Measurement by motion

Traditional expressions and units are often associated with motions. For example, English farmers used the distance and area of land that their animals could plow for units of measure:

A furlong was the length of a plowed furrow, i.e. furrow-long. An acre was the area that could normally be plowed by an ox in a single day. An oxgate was the area an ox would plow over a whole year, equal to 15 acres. A virgate was the area two oxen could plow over a year, 30 acres. A carucate was the area eight oxen could plow over a year, 120 acres.

Nowadays there are a variety of idioms that express measures, for example:

Distance: a stone’s throw away, as far as the eye can see, room to swing a cat, within hailing distance, within striking distance, within spitting distance, within walking distance.

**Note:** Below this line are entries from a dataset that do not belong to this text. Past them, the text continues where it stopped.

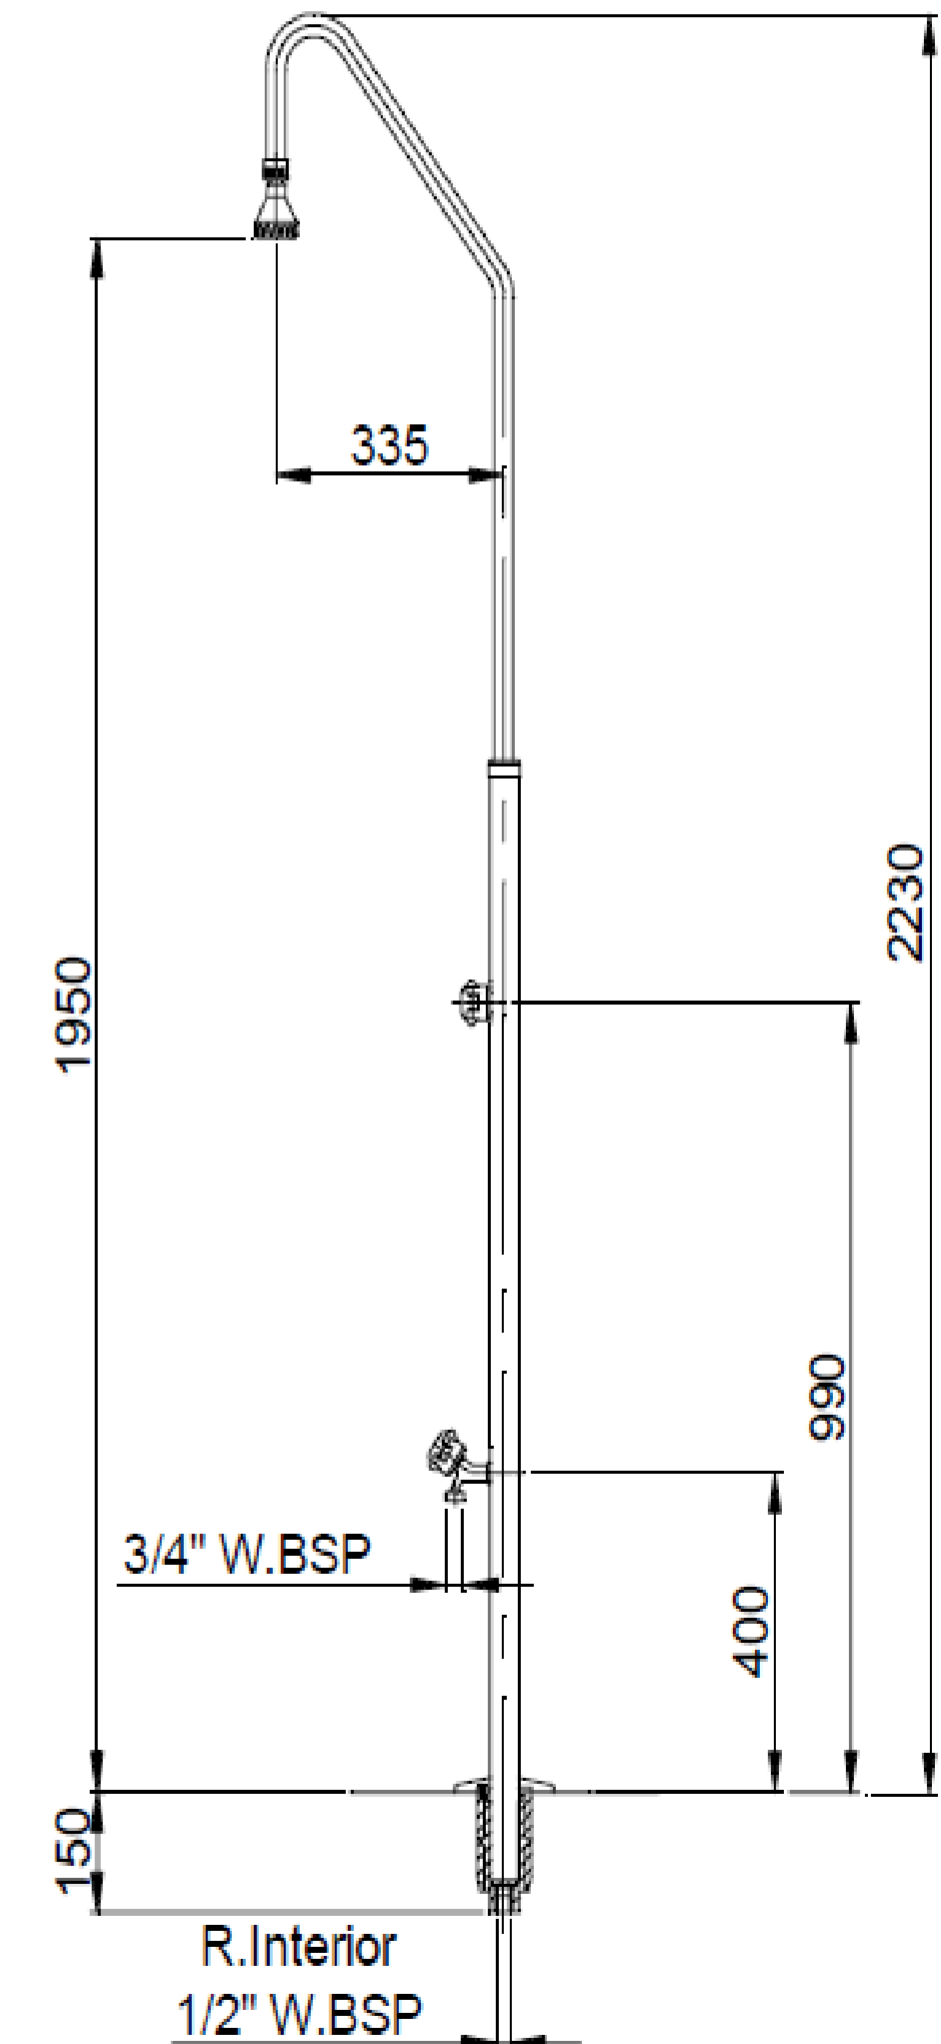

DUCHA 0203060 (00092)

- Tubo diámetro 43 mm
- Cuerpo construido en acero inoxidable AISI 304
- Con un rociador y una válvula lavapiés
- Anclaje incluido en suministro

Comprometidos
con el agua.

Duration: before you can say Jack Robinson, before you can snap your fingers, in the blink of an eye, once in a blue moon.

Measurement in science and engineering requires standard units, which are calibrated with standard procedures, which are used in standard methods of measurement. For example, the meter is the length of the path traveled by light in vacuum during a time interval of 1/299 792 458 of a second. The second is the duration of 9 192 631 770 periods of the radiation corresponding to the transition between the two hyperfine levels of the ground state of the cesium 133 atom. See for example the National Institute of Standards and Technology.

Motion is the basis of measurement. So it is appropriate to begin with motion and reference space and time to motion.